7A to 7E exemplify the syringe pump 44 and describe the configuration of the pump. The syringe pump 44 includes the motor 70, the ball screw 71, the encoder 72, the drive base 73, the syringe stopper 74, and the fastener 75 in the state shown in FIGS. 7A and 7C. Two syringes 43 connected to a valve 76 that makes the gas flow inside the syringe 43 one side are installed on the syringe stopper 74 and the drive base 73 so as to face each other. The fastener 75 is pulled up and rotated as shown in FIG. 7D, and the syringe 43 is fixed as shown in FIGS. 7B and 7E. By rotating the motor 70, the drive base 73 moves to the left and right with the ball screw 71, so that suction on one side and ejection on the other side can always be repeated, and continuous liquid feeding is possible in a state close to laminar flow. It is possible to switch the discharge and suction of gas to the tank 25 by the arrangement method of the valve 24 of the pump module 37. The syringe pump 44 can be driven while maintaining the closed system state. Since precise control by the encoder 72 is possible, the required amount can be accurately fed.
<A series of operations related to injection of cell suspension or culture medium into a culture vessel>
Based on the configuration of each part described above, an example of a series of cell culture operations of the automatic culture apparatus of the present embodiment will be described. The cell suspension or culture medium is sent to the injection tank 65 side of the tank 25 by the syringe pump 44. When a predetermined amount is entered, the liquid in the tube 41 is removed through the gas from the filter 45, or a process of returning the liquid to the origin position in the opposite direction is performed to enable accurate liquid delivery next time. Warm the cell suspension or medium in the injection tank 65. The solution is fed to the culture vessel 20 by the syringe pump 44 through the valve 24. At that time, the gas and waste liquid in the culture vessel 20 are sent to the waste liquid tank 66 side in the tank 25. The valve 24 of the pump module 37 is switched, and the waste liquid is sent to the waste liquid bag 63 or the recovery bag 64. The valve 24 of the pump module 37 is switched, and the cleaning liquid in the cleaning bag 62 is sent to the injection tank 65 side of the tank 25. When a predetermined amount is entered, the liquid in the tube 41 is removed through the gas from the filter 45, or a process of returning the liquid to the origin position in the opposite direction is performed to enable accurate liquid delivery next time. The cleaning liquid is sent to the waste liquid tank 66 side in the tank 25 so as not to send the washing liquid to the culture vessel 20 via the valve 24. The valve 24 of the pump module 37 is switched to send the waste liquid to the waste bag 66. The above operation is repeated a predetermined number of times during the culture period. In the flow path 40, particularly in the culture vessel module 35, the liquid flows in one way. As a result, a clean and fresh medium is always supplied to the cells without returning the waste liquid to the culture space in the culture vessel 20 and the circuit of the medium bag 61, so that a clean environment is maintained without entering bacteria. enable.

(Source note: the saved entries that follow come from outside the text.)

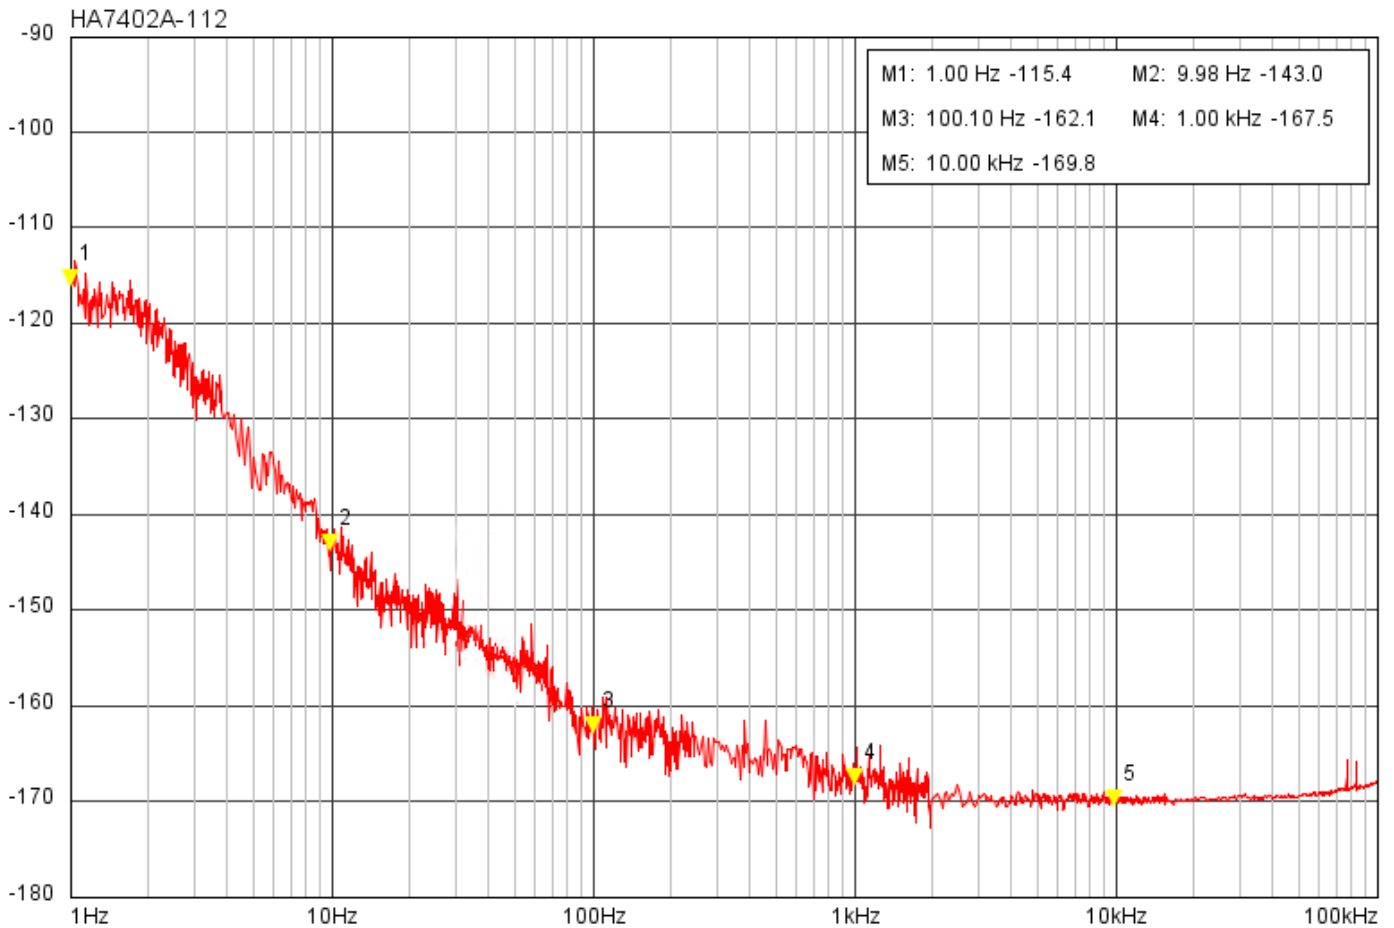

10 MHz Small Fry

P/N: 501-27519-11

Units XCorr: 16
dBc/Hz
2007/01/23 10:36:47

Time: 52 min 58 sec

Freq: 10.000 002 0 MHz

Power: 14.4 dBm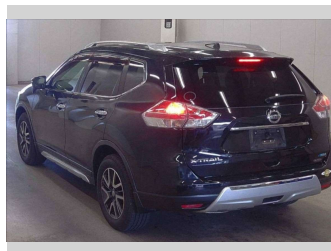

2014 Nissan X-Trail 20X 4WD

Purchase Price **\$17,990**
Includes GST, Registration & Licensing

Finance may be available on this vehicle. Ask one of our friendly staff for more information.

Gain peace of mind with Mechanical Breakdown Insurance. **Ask us how.**

Body Style
5 door, SUV

Odometer
130,057 km

Engine
2000 cc, Internal Combustion

Fuel Type
Petrol

Transmission
Automatic, 4WD

Wheels
-

VIN
-

Interior
Black

<Liquid injection into the closed channel>
A specific example of the method of injecting liquid into the closed system flow channel in this embodiment will be described with reference to FIGS. 8A to 8F. Specifically, as an example, a method for aseptically injecting the cell suspension 48 into the channel 40 having a closed structure will be described. The same injection method can be used for liquids other than the cell suspension 48.

  FIG. 8A shows the state of the drive base 27 and the culture medium base 32 in which the cell suspension 48 is not injected into the flow path 40, and FIG. 8B shows that the cell suspension 48 is injected into the cell bag 60 of the flow path 40. It shows the state. 8C shows the configuration of the transport jig 19 having a plurality of holders, which is the transport apparatus according to the present embodiment. In FIGS. 8D, 8E, and 8F, the automatic culture apparatus is used by using the transport jig 19. A method for installing the flow path 40 and the like will be described. 8D shows a state before the flow path 40 and the like are installed in the automatic culture apparatus 10, FIG. 8E shows a state where the flow path 40 and the like are installed in the automatic culture apparatus 10, and FIG. 8F shows the automatic culture apparatus. 109 shows a state after the holding base including the flow path 40 is installed.

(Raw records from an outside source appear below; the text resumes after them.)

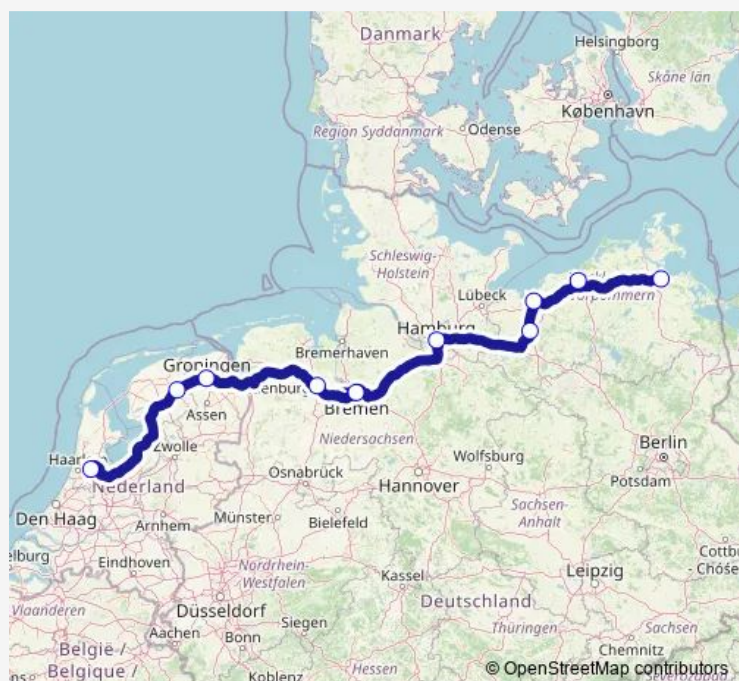

### Direction

Amsterdam Sloterdijk — Berlin ZOB [Fernbus]

7 stops

[Open route schedule](#)

Amsterdam Sloterdijk

Drachten (Vallaat)

Groningen central station

Oldenburg(Oldb) Zob

### Route schedule

Amsterdam Sloterdijk — Berlin ZOB [Fernbus]

Monday 08:00

Tuesday 08:00

Wednesday —

Thursday —

Friday 08:00

Saturday 08:00

### Route info

Direction: Amsterdam Sloterdijk

Stops: 7

Trip Duration: 10 hour 30 min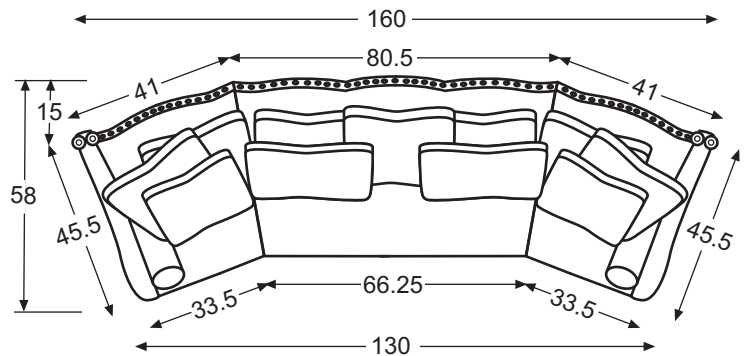

[CenturyFurniture.com](http://CenturyFurniture.com)

**LR-81931LF**  
**Broadwater LAF Love Seat**  
 Leather Fabric Combination

overall  
 w 41 d 45½ h 41

inside  
 w 23 d 20 h 20

seat arm  
 21 30

**LR-81915LF**  
**Broadwater Large Wedge**  
 Leather Fabric Combination

overall  
 w 80½ d 45½ h 44½

inside  
 w 69 d 20 h 23½

seat  
 21

**LR-81932LF**  
**Broadwater RAF Love Seat**  
 Leather Fabric Combination

overall  
 w 41 d 45½ h 41

inside  
 w 23 d 20 h 20

seat arm  
 21 30

also available  
 LR-81914LF Broadwater Small Wedge  
 LR-81914 Broadwater Small Wedge  
 LR-81915 Broadwater Large Wedge  
 LR-81931 Broadwater LAF Love Seat  
 LR-81932 Broadwater RAF Love Seat

LR-81931LF

LR-81915LF

LR-81932LF

Broadwater Sectional

**LR-81931LF**  
**Broadwater LAF Love Seat**  
 Leather Fabric Combination

overall  
 w 41 d 45½ h 41

inside  
 w 23 d 20 h 20

seat arm  
 21 30

**LR-81914LF**  
**Broadwater Small Wedge**  
 Leather Fabric Combination

  First, the configuration of each element will be described with reference to FIG. 8A. The culture vessel base 21, the drive base 27, and the culture medium base 32 in which the flow path 40 detailed in the description of FIG. 5 is installed are installed in the transfer jig 19 according to the present embodiment before being installed in the automatic culture apparatus 10. ing. Note that the illustration of the culture vessel base 21 is omitted for the sake of illustration. As for this conveyance jig 19, the culture container base 21, the drive base 27, and the culture medium base 32 can be installed in or removed from the automatic culture apparatus 10, and only the conveyance jig 19 can be removed after installation. is there. An empty cell bag 60 is contained in the medium base 32. For example, in the cell culture clean room (CPC), the transfer jig 19 can be placed in a space 77 of class 10,000. In Good Manufacturing Practice (GMP), the cell direct processing area is only the class 100 space 78 inside the safety cabinet 79 (including the clean bench). Therefore, only the cell bag 60 that has been carefully sterilized with ethanol or the like is placed in the safety cabinet 79. Reference numeral 200 denotes a floor surface of a class 77 space 77.

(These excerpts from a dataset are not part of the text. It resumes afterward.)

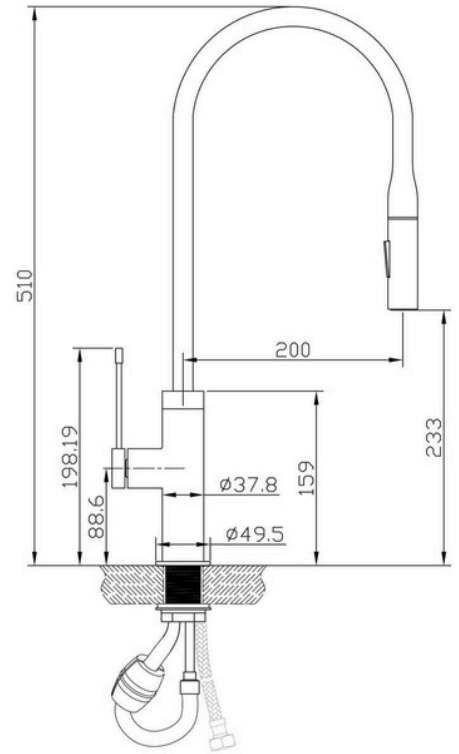

TAQPPEARLSMBN - Pearl Brushed Nickel Pullout Sink Mixer

DIMENSIONS

Length: 233 mm, Width: 37.80 mm, Height: 510mm, Reach 200 mm

DESCRIPTION

- Pullout spout with veg spray function and 360-degree swivel
- Ceramic disc cartridge technology for increased product longevity
- Perfect for large single or double bowl sinks
- Constructed from solid brass with a high-quality, brushed nickel finish
- Functional pullout spout ideal for large or double bowl sinks
- Fits industry-standard 35mm sink tap holes for easy installation in your kitchen sink

WELS INFORMATION

WELS LPM: 4.5L

WELS Registration Code: T33776V

WELS Licence Number: 0175

WELS Star Rating: 6 Stars

WARRANTY INFORMATION

- 10 Year Cartridge Replacement Warranty / 5 Year Replacement Product Warranty / 1 Year Parts, Labour & Finishes
- Product replacement does not include installation or removal of the original product.
- Check product for damage before installation - installing a damaged product voids warranty.

  As shown in FIG. 8B, the cell suspension 48 processed in the safety cabinet 79 is injected into the cell bag 60 from the injection port 89 by a syringe or the like. After the injection, the inlet 89 of the cell bag 60 is sealed to hold the closed system of the flow path 40. The cell bag 60 containing the cell suspension 48 is taken out of the class 100 space 78 and placed in the medium base 32 of the class 10,000 space 77. According to the configuration of the present embodiment, the flow path 40 holds the class 100 space 78 by sterilization in advance. Therefore, even if the flow path 40 exists in the class 10,000 space 77 as shown in FIG. Can hold a class 100 space 78. After that, even if the automatic culture apparatus 10 is installed, the drive mechanism is not connected to the inside of the flow path 40. Therefore, regardless of the installation space of the automatic culture apparatus 10, the inside of the closed-system flow path 40 is always a class. 100 spaces 78 can be maintained.

  8A and 8B show a detailed configuration of the transport jig 19 including a plurality of holders according to the present embodiment. 8A shows a side view and FIG. 8C shows a top view of FIG. 8B. The lift 98, which is a third holder that holds the drive base itself, includes a conveyance jig side pin 90 that is a fixing portion, a second holder 92 that holds the culture vessel base, and a first holder that holds the culture base. 93, and the drive base 27, the culture vessel base 21, and the culture medium base 32 described above can be installed respectively. The lift 98 can be moved in the vertical movement direction 96 by a handle 99 that functions as a vertical drive mechanism. A counterweight 97 that functions as a center-of-gravity stabilizing portion is installed in the conveying jig 19, and when a heavy object is installed on the lift 98, stability can be maintained when stationary or moving. Instead of the handle 99, an electric vertical drive mechanism such as a motor may be employed.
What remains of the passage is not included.